Alexander v. Texoma Wholesale Jewelers

307 S.W.2d 631 | Tex. App. | 1957

307 S.W.2d 631 (1957)

Victor ALEXANDER, d/b/a Alexander Jewelry Co., Plaintiff in Error,
v.
TEXOMA WHOLESALE JEWELERS, Defendant in Error.

No. 6154.

Court of Civil Appeals of Texas, Beaumont.

November 21, 1957.
Rehearing Denied December 11, 1957.

*632 George T. Thomas, Big Spring, for appellant.

Witts, Geary, Hamilton & Brice, Dallas, for appellee.

ANDERSON, Justice.

For convenience, the plaintiff in error, Victor Alexander, d/b/a Alexander Jewelry Co., will be referred to as appellant, and the defendant in error, Texoma Wholesale Jewelers, will be referred to as appellee. The parties will also be referred to in accordance with their respective designations in the trial court; i. e., Texoma Wholesale Jewelers will be referred to as plaintiff, and Alexander will be referred to as defendant.

Plaintiff sued for $1,601.82 alleged to be due it by defendant for goods, wares and merchandise it alleged it had sold and delivered to defendant. It also sued for attorney fees in the amount of $1,000, basing this phase of the suit on Article 2226, Vernon's Annotated Civil Statutes. Defendant, though duly served with process, neither answered nor appeared; and on February 12, 1957, judgment was rendered against him and in favor of plaintiff for the sum of $2,601.82, the same to bear interest from the date of the judgment at the rate of six per cent per annum. Writ of error was sued out by the defendant to the Court of Civil Appeals at Dallas, and the case has since been transferred to this court by the Supreme Court.

By his first point of error appellant challenges the sufficiency of appellee's pleadings to support the judgment. The petition, in form a petition on open account, failed to name any item of property that had been sold and delivered by plaintiff to defendant or the date of any sale. It referred for this information to an exhibit which was attached to it and made a part of it by reference and which was represented as being a verified and itemized account, but the exhibit was not filled in as it should have been; it contained only the following information: "Balance due to date * * * $1,601.82."

*633 The petition was undoubtedly defective in failing to specify the items of goods, wares or merchandise sold and delivered and the dates of the sales but we think it was not fatally defective. It charged in general terms that plaintiff was suing for $1,601.82 as the balance due on goods, wares and merchandise sold and delivered by plaintiff to defendant, and we think this was sufficient to support the judgment. Point one is accordingly overruled.
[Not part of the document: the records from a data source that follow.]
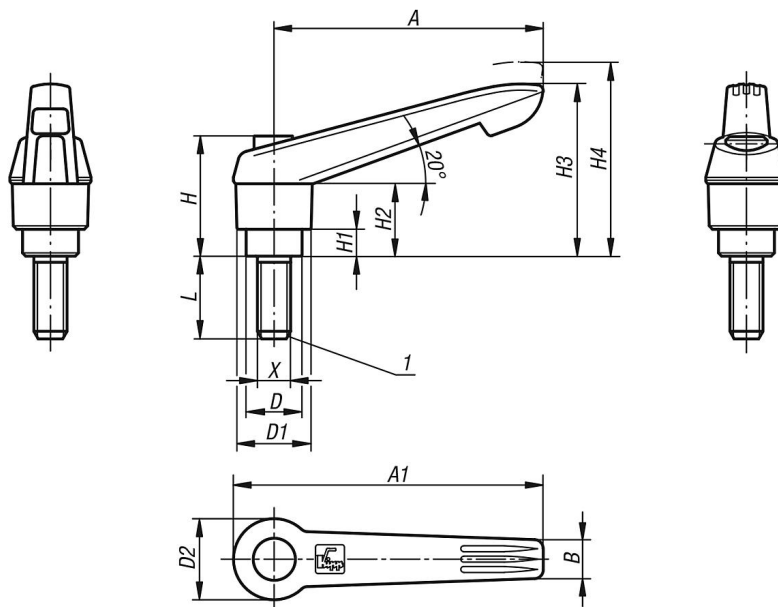

Přehled zboží

Objednací číslo	Barva základního tělesa	Velikost	X	D	D1	D2	H	H1	H2	H3	H4	A	A1	B	Počet zubů	L
06610-71105X10	tmavošedá RAL 7021	1	M5	10	13	14,5	25,5	4	15	30	33,5	40	47	7,5	16	10
06610-71105X15	tmavošedá RAL 7021	1	M5	10	13	14,5	25,5	4	15	30	33,5	40	47	7,5	16	15
06610-71105X20	tmavošedá RAL 7021	1	M5	10	13	14,5	25,5	4	15	30	33,5	40	47	7,5	16	20
06610-71105X25	tmavošedá RAL 7021	1	M5	10	13	14,5	25,5	4	15	30	33,5	40	47	7,5	16	25
06610-71105X30	tmavošedá RAL 7021	1	M5	10	13	14,5	25,5	4	15	30	33,5	40	47	7,5	16	30
06610-71105X35	tmavošedá RAL 7021	1	M5	10	13	14,5	25,5	4	15	30	33,5	40	47	7,5	16	35
06610-71105X40	tmavošedá RAL 7021	1	M5	10	13	14,5	25,5	4	15	30	33,5	40	47	7,5	16	40
06610-71105X45	tmavošedá RAL 7021	1	M5	10	13	14,5	25,5	4	15	30	33,5	40	47	7,5	16	45
06610-71105X50	tmavošedá RAL 7021	1	M5	10	13	14,5	25,5	4	15	30	33,5	40	47	7,5	16	50
06610-72105X10	čistě oranžová RAL 2004	1	M5	10	13	14,5	25,5	4	15	30	33,5	40	47	7,5	16	10
06610-72105X15	čistě oranžová RAL 2004	1	M5	10	13	14,5	25,5	4	15	30	33,5	40	47	7,5	16	15
06610-72105X20	čistě oranžová RAL 2004	1	M5	10	13	14,5	25,5	4	15	30	33,5	40	47	7,5	16	20
06610-72105X25	čistě oranžová RAL 2004	1	M5	10	13	14,5	25,5	4	15	30	33,5	40	47	7,5	16	25
06610-72105X30	čistě oranžová RAL 2004	1	M5	10	13	14,5	25,5	4	15	30	33,5	40	47	7,5	16	30
06610-72105X35	čistě oranžová RAL 2004	1	M5	10	13	14,5	25,5	4	15	30	33,5	40	47	7,5	16	35
06610-72105X40	čistě oranžová RAL 2004	1	M5	10	13	14,5	25,5	4	15	30	33,5	40	47	7,5	16	40
06610-72105X45	čistě oranžová RAL 2004	1	M5	10	13	14,5	25,5	4	15	30	33,5	40	47	7,5	16	45
06610-72105X50	čistě oranžová RAL 2004	1	M5	10	13	14,5	25,5	4	15	30	33,5	40	47	7,5	16	50
06610-73105X10	bezpečnostní červená RAL 3020	1	M5	10	13	14,5	25,5	4	15	30	33,5	40	47	7,5	16	10
06610-73105X15	bezpečnostní červená RAL 3020	1	M5	10	13	14,5	25,5	4	15	30	33,5	40	47	7,5	16	15
06610-73105X20	bezpečnostní červená RAL 3020	1	M5	10	13	14,5	25,5	4	15	30	33,5	40	47	7,5	16	20
06610-73105X25	bezpečnostní červená RAL 3020	1	M5	10	13	14,5	25,5	4	15	30	33,5	40	47	7,5	16	25
06610-73105X30	bezpečnostní červená RAL 3020	1	M5	10	13	14,5	25,5	4	15	30	33,5	40	47	7,5	16	30
06610-73105X35	bezpečnostní červená RAL 3020	1	M5	10	13	14,5	25,5	4	15	30	33,5	40	47	7,5	16	35
06610-73105X40	bezpečnostní červená RAL 3020	1	M5	10	13	14,5	25,5	4	15	30	33,5	40	47	7,5	16	40
06610-73105X45	bezpečnostní červená RAL 3020	1	M5	10	13	14,5	25,5	4	15	30	33,5	40	47	7,5	16	45
06610-73105X50	bezpečnostní červená RAL 3020	1	M5	10	13	14,5	25,5	4	15	30	33,5	40	47	7,5	16	50

By his second point appellant avers that the verified exhibit, which was supposed to have been a verified and itemized account but which was not itemized, was and is insufficient to support the default judgment. And in this connection he contends that the judgment shows on its face to have been rendered on the exhibit. The judgment, in pertinent part, is as follows: "* * * the court proceeded to call said case, and it appearing that the defendant, Victor Alexander, d/b/a Alexander Jewelry, is in default, the court proceeded to examine and hear the evidence, and it appearing to the court that the defendant is indebted to the Plaintiff in the principal amount of $1,601.82, as evidenced by Plaintiff's verified account, and that the plaintiff is entitled to recover his costs and attorney's fees, and the court being of the opinion that $1,000.00 is a reasonable fee in this case, it is, accordingly, ordered, adjudged and decreed that Plaintiff have judgment against the defendant * * * for $2,601.82 * * *."

Since it failed to disclose any of the articles alleged to have been sold and delivered, the so-called verified account was not itself sufficient to support the judgment. Gause v. Roden, Tex.Civ.App., 66 S.W.2d 400; Nichols v. Murray, Tex.Civ.App., 284 S.W. 301; Wall & Carr v. J. M. Radford Grocery Co., Tex.Civ.App., 176 S.W. 785. However, no statement of facts has been brought forward and we think the judgment does not itself affirmatively disclose that it was based on the exhibit alone or that no other evidence was heard by the trial court. In these circumstances, we must presume that the trial judge had before him sufficient evidence to support his fact findings and the judgment. Oldham v. Medearis, 90 Tex. 506, 39 S.W. 919; Sweet v. Lowery, Tex.Civ.App., 63 S.W. 1022; Artex Refining Co. v. Pollard & Lawrence, Tex.Civ.App., 124 S.W.2d 946. Point two is therefore overruled. The same considerations require, also, that we overrule appellant's remaining points of error, points three and four. They complain that the attorney's fee that was allowed is excessive and unsupported by the evidence.

No reversible error having been presented, the judgment of the trial court is affirmed.